Let’s get the top 5 most popular uri per domain. This query uses the handy LIMIT x BY <field> function.
a8c8da069d94 :) select domain, uri, count(1) from nginx.access where domain in ('example.com', 'nestfromthebest.com', 'az.org') group by 1, 2 order by 1, 3 desc limit 5 by domain
SELECT
domain,
uri,
count(1)
FROM nginx.access
WHERE domain IN ('example.com', 'nestfromthebest.com', 'az.org')
GROUP BY
1,
2
ORDER BY
1 ASC,
3 DESC
LIMIT 5 BY domain
Query id: 2acd328c-ed82-4d36-916b-8f2ecf764a9d
┌─domain──────┬─uri────────────┬─count()─┐
│ az.org │ /about/ │ 382543 │
│ az.org │ /contacts/ │ 42066 │
│ az.org │ /category/id7 │ 2722 │
│ az.org │ /category/id14 │ 2704 │
│ az.org │ /category/id2 │ 2699 │
│ example.com │ /about/ │ 381653 │
│ example.com │ /contacts/ │ 42023 │
│ example.com │ /category/id2 │ 2694 │
│ example.com │ /category/id8 │ 2688 │
│ example.com │ /category/id13 │ 2670 │
└─────────────┴────────────────┴─────────┘
┌─domain──────────────┬─uri────────────┬─count()─┐
│ nestfromthebest.com │ /about/ │ 383377 │
│ nestfromthebest.com │ /contacts/ │ 42100 │
│ nestfromthebest.com │ /category/id8 │ 2726 │
│ nestfromthebest.com │ /category/id14 │ 2700 │
│ nestfromthebest.com │ /category/id4 │ 2696 │
└─────────────────────┴────────────────┴─────────┘
15 rows in set. Elapsed: 0.062 sec. Processed 23.97 million rows, 918.43 MB (388.35 million rows/s., 14.88 GB/s.)

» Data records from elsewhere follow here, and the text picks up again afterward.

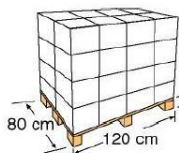

Ø 350 x 90cm

FPR354

LINER AZUL para piscina de acero **BLU LINER** per piscine in acciaio

MATERIAL MATERIAL
PVC PVC

MEDIDA MISURA
Ø 350 x 90cm

PESO PESO
8,850 Kg

COLOR COLORE
Azul Blu

ESPELOR LINER DIMENSIONE
30/100

INSTALACIÓN INSTALLAZIONE
Sistema colgante
Con barra di
agganciamento

ENVASE Y PALETIZADO IMBALLAGGIO E PALET

TIPO TIPO
Caja con etiqueta
Scatola con
etichetta

MEDIDAS MISURA
38 X 29 X 29 cm

TIPO TYPE
Europeo
European

DISTRIBUCIÓN PALET DISTRIBUZIONE DI PALLET
4 capas-strati x 8
Embalajes/imbballaggio 32

UNIDADES UNITÀ
1

VOLUMEN VOLUME
0,032 m³

UNIDADES UNITÀ
32 und/pallet

MEDIDAS MISURA
120 X 80 X 131 cm

PESO PESO
8,85 Kg

Peak memory usage: 98.67 MiB.
Conclusion
ClickHouse is a great tool to store and manipulate specific data like logs at a large scale. It is definitely worth further learning, and understanding, for example, nested data structure, sampling tooling, window functions, and others
I hope you enjoyed this small article and was useful for you!